Situation #1 Logging configuration was copied from staging to production and points to the staging SQL database
When we installed AppDynamics and it automatically detected the application flowmap, I noticed the application talks to the production UserData database and… a staging database for logging.
The other issue was the extremely slow response time while calling the logging database. The following snapshot can explain the slow performance, as you see there’s an exception happening while trying to run an ADO.NET query:
Exception details confirm the application was not able to connect to a database, which is expected — the production environment in located in DMZ and usually can’t reach a staging network.
To restate what we see above — this is a failure while trying to log the original exception which could be anything from a user not being able to log into the website to failing to checkout.
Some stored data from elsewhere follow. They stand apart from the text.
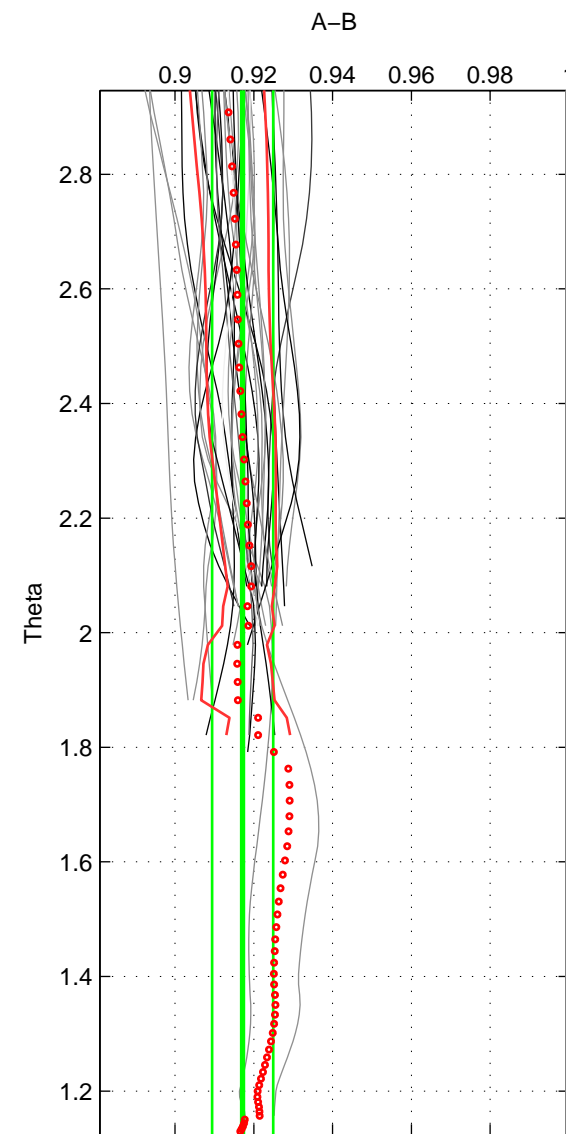

Cruise A (red). Date: Jul 2000 Cruisename: 690-49UP20000620

Cruise B (blue). Date: Feb 2008 Cruisename: 717-49UP20080122

*** "Favourite" values are means of spaces 1 2.

	Offset	O.StDev	Ratio	R.Stdev	Rating
SIGMA:	-11.446	1.348	0.917	0.008	5
THETA:	-11.545	1.280	0.917	0.008	5
DEPTH:	-10.904	0.460	0.921	0.002	3
FAV. :	-11.495	1.314	0.917	0.008	5

Profiles of A: 20
 Profiles of B: 17
 Diff profs : 34
 WMoffset (A-B): -11.4456
 WMoffset stdev: 1.348
 WMratio (A/B): 0.91727
 WMratio stdev: 0.0081462

Quality (1-5): 5

Profiles of A: 20
 Profiles of B: 17
 Diff profs : 34
 WMoffset (A-B): -11.5448
 WMoffset stdev: 1.2801
 WMratio (A/B): 0.91715
 WMratio stdev: 0.0077657

Quality (1-5): 5

Profiles of A: 20
 Profiles of B: 17
 Diff profs : 34
 WMoffset (A-B): -10.9042
 WMoffset stdev: 0.46035
 WMratio (A/B): 0.92147
 WMratio stdev: 0.001719

Quality (1-5): 3

Please note that statistics are bad.

At the same time the impact is even higher because the application spends 15 seconds trying to connect to the logging database and timeout, all while the user is waiting.
Situation #2 During deployment the service account wasn’t granted permissions to write to the logging database
This looks similar to the example above but when we drill inside the error we can see the request has an internal exception happened during the processing:
The exception says the service account didn’t have permissions to run the stored procedure “WriteLog” which logs entries to the logging database. From the performance perspective, the overhead of security failure is less from timeouts in the example above but the result is the same — we won’t be able to see the originating exception.
Not fully documenting or automating the application deployment/configuration process usually causes such problems.
These are one-time issues that once you fix it will work on the machine. However, next time you deploy the application to a new server or VM this will happen again until you fix the deployment.
Let’s check the EntLigLogging database — it has no rows
Here’s some analysis to explain why this happened:
We found exceptions when the application was logging the error
This means there was an original error and the application was trying to report it using logging
Logging failed which means the original error was never reported!
And… logging doesn’t log anywhere about its failures, which means from a logging perspective the application has no problems!!
This is logically correct — if you can’t log data to the storage database you can’t log anything. Typically, loggers are implemented similar to the following example:
Logging is the last option in this case and when it fails nothing else happens as you see in the code above.
Just to clarify, AppDynamics was able to report these exceptions because the agent instruments common methods like ADO.NET calls, HTTP calls, and other exit calls as well as error handlers, which helped in identifying the problem.
Going back to our examples, what if the deployment and configuration process is now fixed and fully automated so there can’t be a manual mistake? Do you still need to worry? Unfortunately, these issues happen more often than you’d expect, here is another real example.
Situation #3 What happens when the logging database fills up?
Everything is configured correctly but at some point the logging database fills up. In the screenshot above you can this this happened around 10:15pm. As a result, the response time and error rates have spiked.
Here is one of the snapshots collected at that time:
You can see that in this situation it took over 32 seconds trying to log data. Here are the exception details:
The worst part is at 10:15pm the application was not able to report about its own problems due to the database being completely full, which may incorrectly be translated that the application is healthy since it is “not failing” because there are no new log entries.
We’ve seen enough times that the logging database isn’t seen as a critical piece of the application therefore it gets pushed down the priority list and often overlooked. Logging is part of your application logic and it should fall into the same category as the application. It’s essential to document, test, properly deploy and monitor the logging.
This problem could be avoided entirely unless your application receives an unexpected surge of traffic due to a sales event, new release, marketing campaign, etc. Other than the rare Slashdotting effect, your database should never get to full capacity and result in a lack of logging. Without sufficient room in your database, your application’s performance is in jeopardy and you won’t know since your monitoring framework isn’t notifying you. Because these issues are still possible, albeit during a large load surge, it’s important to continuously monitor your loggingn as you wouldn’t want an issue to occur during an important event.
Logging adds a new dependency to the application
Logging can fail to log the data – there could be several reasons why
When this happens you won’t be notified about the original problem or a logging failure and the performance issues will compound
This would never happen to your application, would it?